(EXERCISE): Could you filter the records below and keep only the lines with the word "negre"?

....

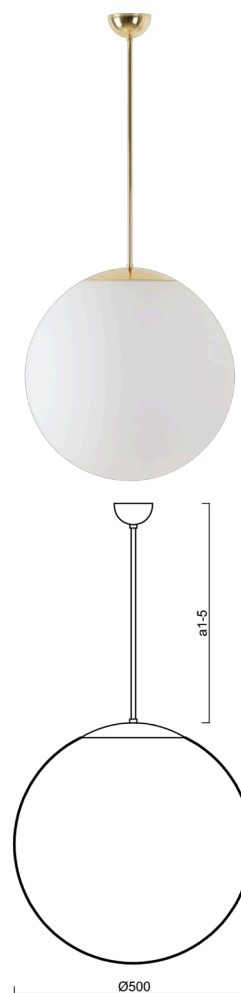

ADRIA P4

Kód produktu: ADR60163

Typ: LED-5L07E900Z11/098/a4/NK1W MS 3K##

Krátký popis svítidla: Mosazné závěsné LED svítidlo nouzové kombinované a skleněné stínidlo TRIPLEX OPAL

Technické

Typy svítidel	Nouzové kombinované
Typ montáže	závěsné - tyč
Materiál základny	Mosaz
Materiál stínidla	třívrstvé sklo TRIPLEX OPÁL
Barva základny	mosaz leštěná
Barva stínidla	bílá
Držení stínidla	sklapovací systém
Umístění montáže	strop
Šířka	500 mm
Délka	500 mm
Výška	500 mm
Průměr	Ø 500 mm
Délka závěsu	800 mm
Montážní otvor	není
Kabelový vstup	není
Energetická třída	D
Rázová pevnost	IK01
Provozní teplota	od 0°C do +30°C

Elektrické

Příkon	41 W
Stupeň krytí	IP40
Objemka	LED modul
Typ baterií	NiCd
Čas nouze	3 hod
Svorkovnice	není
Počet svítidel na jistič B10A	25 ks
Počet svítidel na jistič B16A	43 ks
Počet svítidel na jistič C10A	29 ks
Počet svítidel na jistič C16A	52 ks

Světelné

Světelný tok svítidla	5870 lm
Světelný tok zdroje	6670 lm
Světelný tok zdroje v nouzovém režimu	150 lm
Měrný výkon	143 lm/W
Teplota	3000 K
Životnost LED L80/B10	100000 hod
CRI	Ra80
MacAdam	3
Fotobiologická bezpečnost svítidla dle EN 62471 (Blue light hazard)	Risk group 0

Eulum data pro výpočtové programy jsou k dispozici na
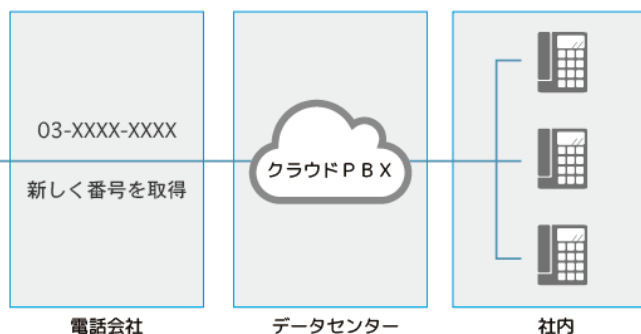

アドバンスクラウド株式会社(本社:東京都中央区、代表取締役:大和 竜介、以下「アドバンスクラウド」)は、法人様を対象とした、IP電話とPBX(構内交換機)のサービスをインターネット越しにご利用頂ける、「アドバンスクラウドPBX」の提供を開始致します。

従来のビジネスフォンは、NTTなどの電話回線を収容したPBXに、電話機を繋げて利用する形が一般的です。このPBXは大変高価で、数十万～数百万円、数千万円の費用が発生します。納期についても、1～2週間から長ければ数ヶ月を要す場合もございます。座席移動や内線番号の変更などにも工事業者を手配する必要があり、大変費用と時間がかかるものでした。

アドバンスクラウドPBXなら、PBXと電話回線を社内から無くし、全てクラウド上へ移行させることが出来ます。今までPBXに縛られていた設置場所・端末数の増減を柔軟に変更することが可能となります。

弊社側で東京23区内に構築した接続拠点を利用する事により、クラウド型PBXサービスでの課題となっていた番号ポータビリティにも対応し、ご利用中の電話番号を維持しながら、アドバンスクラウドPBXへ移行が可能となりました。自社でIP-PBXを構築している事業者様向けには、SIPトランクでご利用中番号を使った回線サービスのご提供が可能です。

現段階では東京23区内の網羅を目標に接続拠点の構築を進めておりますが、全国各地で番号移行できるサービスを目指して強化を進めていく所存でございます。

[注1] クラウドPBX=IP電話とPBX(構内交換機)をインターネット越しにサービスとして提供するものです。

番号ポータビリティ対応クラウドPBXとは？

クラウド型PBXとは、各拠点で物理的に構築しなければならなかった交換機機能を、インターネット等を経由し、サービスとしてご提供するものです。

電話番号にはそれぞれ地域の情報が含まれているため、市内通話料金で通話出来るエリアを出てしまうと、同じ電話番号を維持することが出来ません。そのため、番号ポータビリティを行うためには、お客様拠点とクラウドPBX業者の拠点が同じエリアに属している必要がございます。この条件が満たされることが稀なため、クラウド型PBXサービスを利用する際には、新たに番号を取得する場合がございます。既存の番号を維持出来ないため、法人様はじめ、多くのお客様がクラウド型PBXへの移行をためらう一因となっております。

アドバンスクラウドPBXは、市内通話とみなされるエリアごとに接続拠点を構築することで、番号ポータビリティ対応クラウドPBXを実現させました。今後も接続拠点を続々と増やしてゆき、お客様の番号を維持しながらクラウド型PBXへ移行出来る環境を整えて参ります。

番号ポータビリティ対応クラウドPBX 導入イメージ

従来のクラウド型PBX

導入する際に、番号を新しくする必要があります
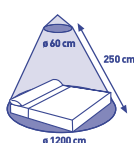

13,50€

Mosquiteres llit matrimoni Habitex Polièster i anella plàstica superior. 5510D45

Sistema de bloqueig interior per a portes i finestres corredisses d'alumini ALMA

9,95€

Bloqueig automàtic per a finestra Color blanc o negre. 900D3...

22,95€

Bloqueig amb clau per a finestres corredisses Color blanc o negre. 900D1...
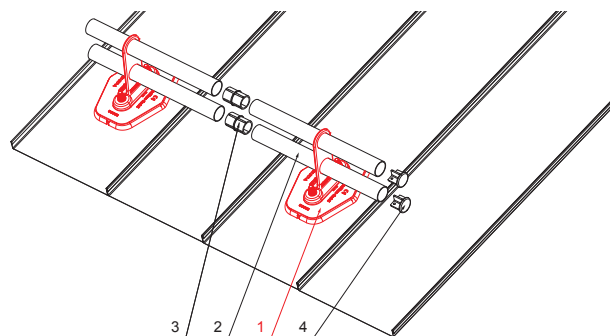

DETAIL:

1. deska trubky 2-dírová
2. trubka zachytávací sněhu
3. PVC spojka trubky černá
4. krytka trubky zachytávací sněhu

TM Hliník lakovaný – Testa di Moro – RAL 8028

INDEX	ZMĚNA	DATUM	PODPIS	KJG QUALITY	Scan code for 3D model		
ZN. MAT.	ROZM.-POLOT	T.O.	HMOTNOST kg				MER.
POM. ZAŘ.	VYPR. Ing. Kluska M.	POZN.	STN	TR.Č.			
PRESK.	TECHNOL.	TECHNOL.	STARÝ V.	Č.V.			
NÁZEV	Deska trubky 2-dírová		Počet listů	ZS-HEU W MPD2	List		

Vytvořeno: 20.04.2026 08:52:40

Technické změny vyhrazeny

....

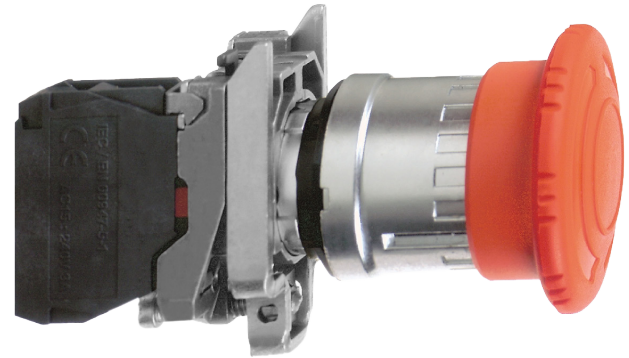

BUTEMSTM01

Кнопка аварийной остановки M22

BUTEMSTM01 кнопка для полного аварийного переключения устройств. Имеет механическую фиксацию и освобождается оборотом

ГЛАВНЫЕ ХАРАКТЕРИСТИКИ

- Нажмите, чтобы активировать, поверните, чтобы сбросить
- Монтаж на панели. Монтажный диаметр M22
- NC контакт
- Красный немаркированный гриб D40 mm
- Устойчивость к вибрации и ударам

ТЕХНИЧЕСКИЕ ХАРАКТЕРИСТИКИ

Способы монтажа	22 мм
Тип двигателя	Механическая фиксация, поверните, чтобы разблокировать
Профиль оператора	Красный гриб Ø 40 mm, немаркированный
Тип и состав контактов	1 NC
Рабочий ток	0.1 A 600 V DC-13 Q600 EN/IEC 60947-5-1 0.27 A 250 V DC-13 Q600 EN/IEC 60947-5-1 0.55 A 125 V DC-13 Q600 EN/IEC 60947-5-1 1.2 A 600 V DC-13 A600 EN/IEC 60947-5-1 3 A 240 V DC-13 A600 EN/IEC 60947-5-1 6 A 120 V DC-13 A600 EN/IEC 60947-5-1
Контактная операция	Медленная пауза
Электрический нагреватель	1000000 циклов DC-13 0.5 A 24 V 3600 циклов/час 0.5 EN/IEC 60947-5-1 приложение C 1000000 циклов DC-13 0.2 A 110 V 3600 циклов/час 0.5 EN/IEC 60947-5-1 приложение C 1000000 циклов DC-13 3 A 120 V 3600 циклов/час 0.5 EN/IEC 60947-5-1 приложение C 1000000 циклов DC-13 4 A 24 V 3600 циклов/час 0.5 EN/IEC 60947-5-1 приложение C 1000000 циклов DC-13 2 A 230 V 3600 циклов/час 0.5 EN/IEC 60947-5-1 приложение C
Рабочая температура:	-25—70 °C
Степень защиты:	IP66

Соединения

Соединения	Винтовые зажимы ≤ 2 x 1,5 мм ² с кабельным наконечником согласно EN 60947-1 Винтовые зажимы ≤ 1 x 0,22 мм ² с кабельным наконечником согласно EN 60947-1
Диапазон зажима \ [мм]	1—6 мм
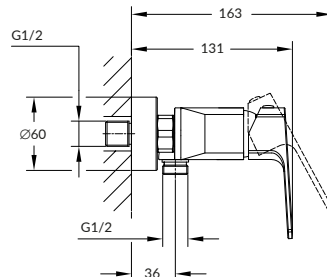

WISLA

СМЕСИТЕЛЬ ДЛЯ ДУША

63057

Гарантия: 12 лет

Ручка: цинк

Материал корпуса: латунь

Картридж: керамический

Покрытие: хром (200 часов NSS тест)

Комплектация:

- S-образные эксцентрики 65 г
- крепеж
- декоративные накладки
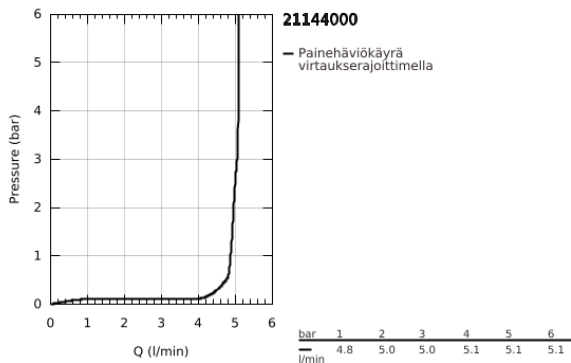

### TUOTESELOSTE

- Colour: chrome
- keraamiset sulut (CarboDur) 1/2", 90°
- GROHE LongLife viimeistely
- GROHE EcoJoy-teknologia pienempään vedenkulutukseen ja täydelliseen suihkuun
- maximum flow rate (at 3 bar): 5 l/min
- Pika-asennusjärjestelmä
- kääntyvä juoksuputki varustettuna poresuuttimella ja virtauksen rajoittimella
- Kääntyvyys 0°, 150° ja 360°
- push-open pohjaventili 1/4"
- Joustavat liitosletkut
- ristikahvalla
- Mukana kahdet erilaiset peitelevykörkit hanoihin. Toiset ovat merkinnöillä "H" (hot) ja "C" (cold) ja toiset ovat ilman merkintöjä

....

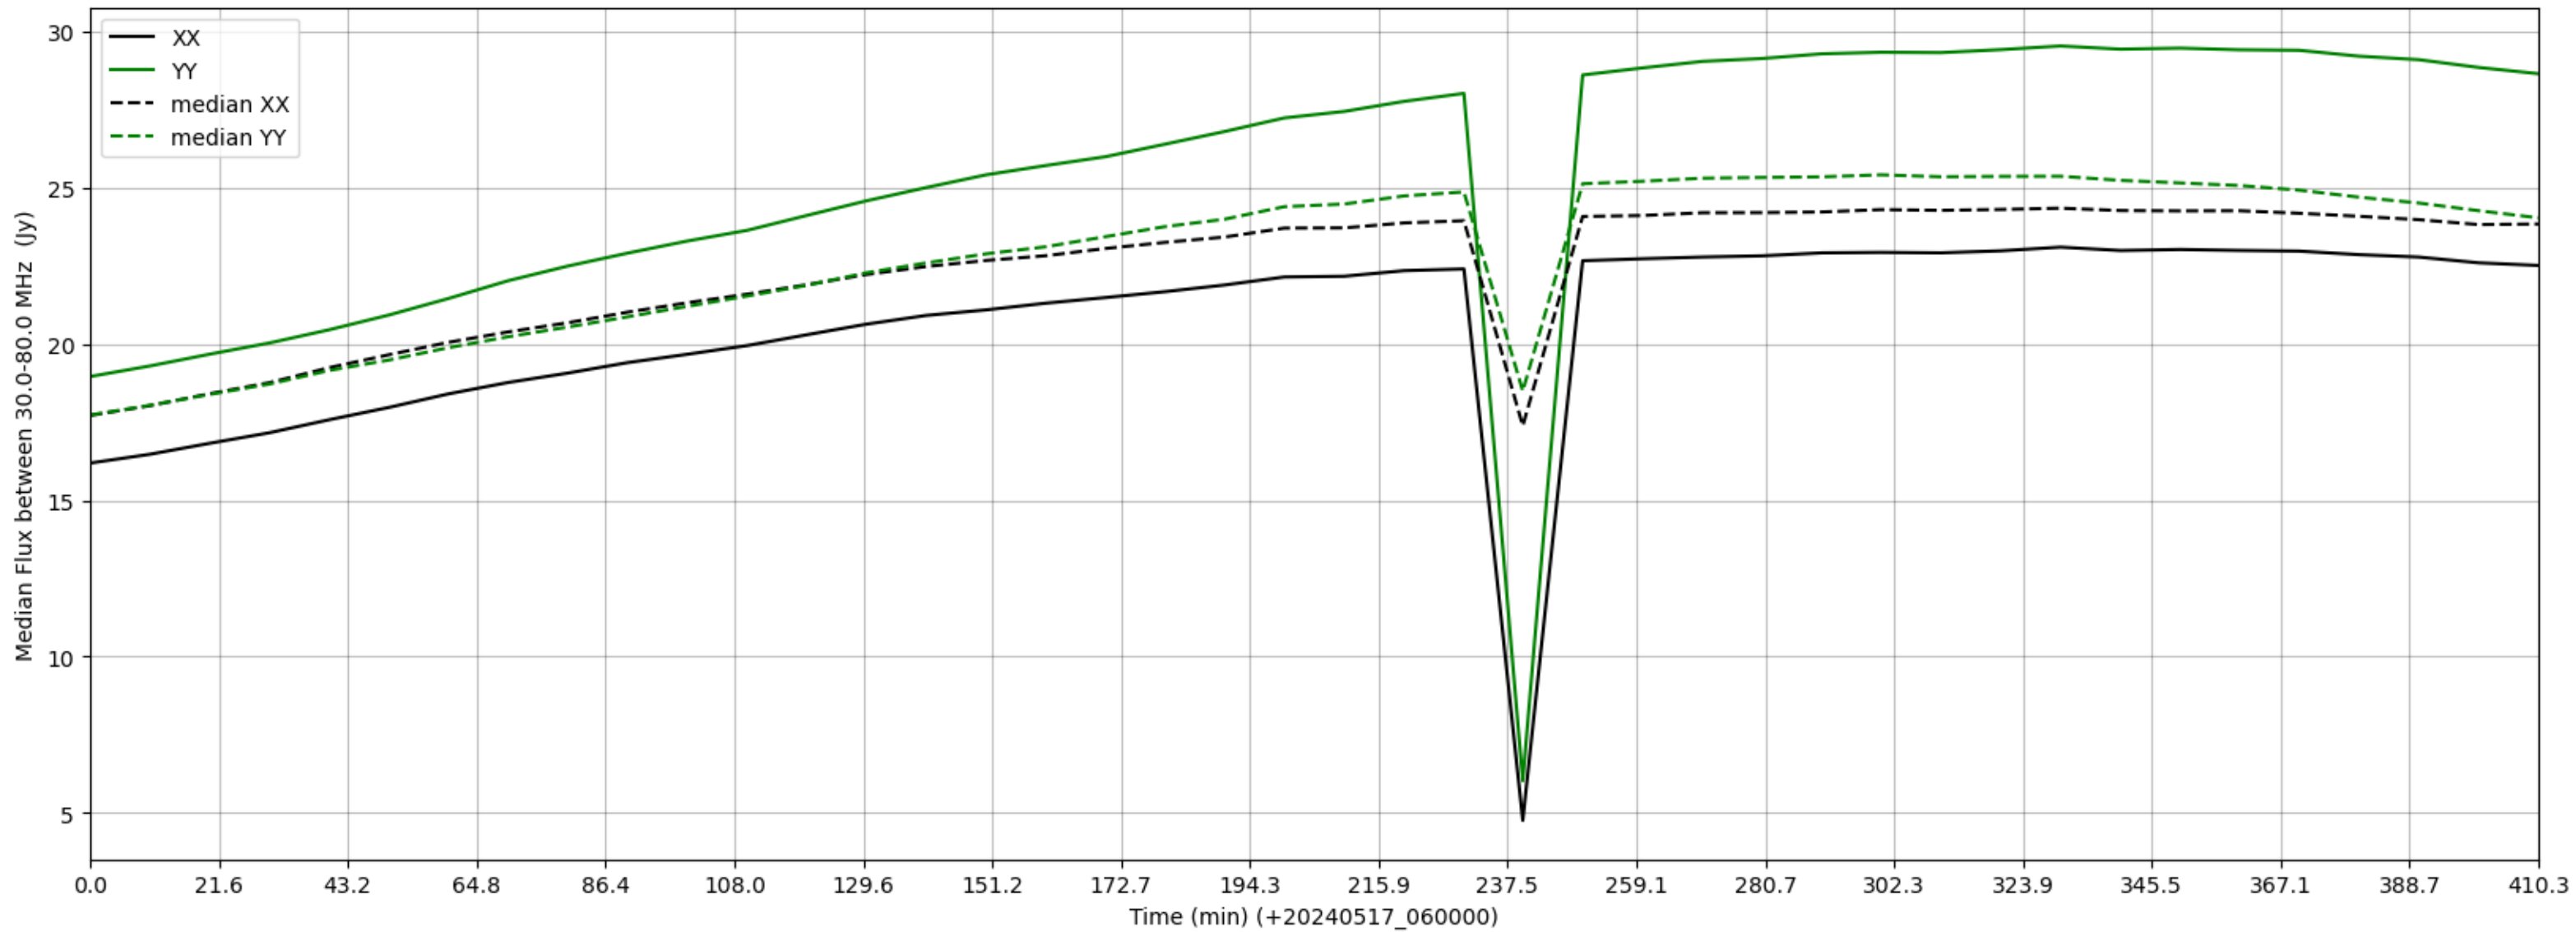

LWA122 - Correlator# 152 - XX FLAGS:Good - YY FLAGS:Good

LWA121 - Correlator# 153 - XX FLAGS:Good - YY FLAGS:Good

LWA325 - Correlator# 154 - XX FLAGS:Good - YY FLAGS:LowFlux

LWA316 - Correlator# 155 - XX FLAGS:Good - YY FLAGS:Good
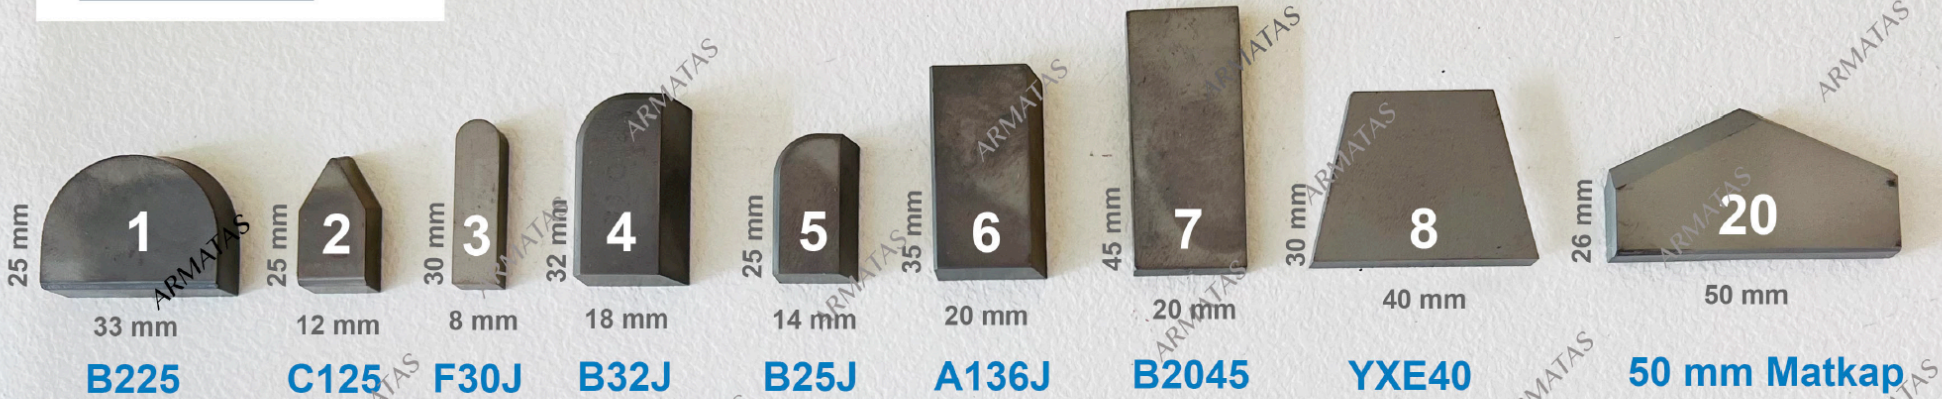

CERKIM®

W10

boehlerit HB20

....

(EXPECTED ANSWER):
Bloqueig automàtic per a finestra Color blanc o negre. 900D3...
Bloqueig amb clau per a finestres corredisses Color blanc o negre. 900D1...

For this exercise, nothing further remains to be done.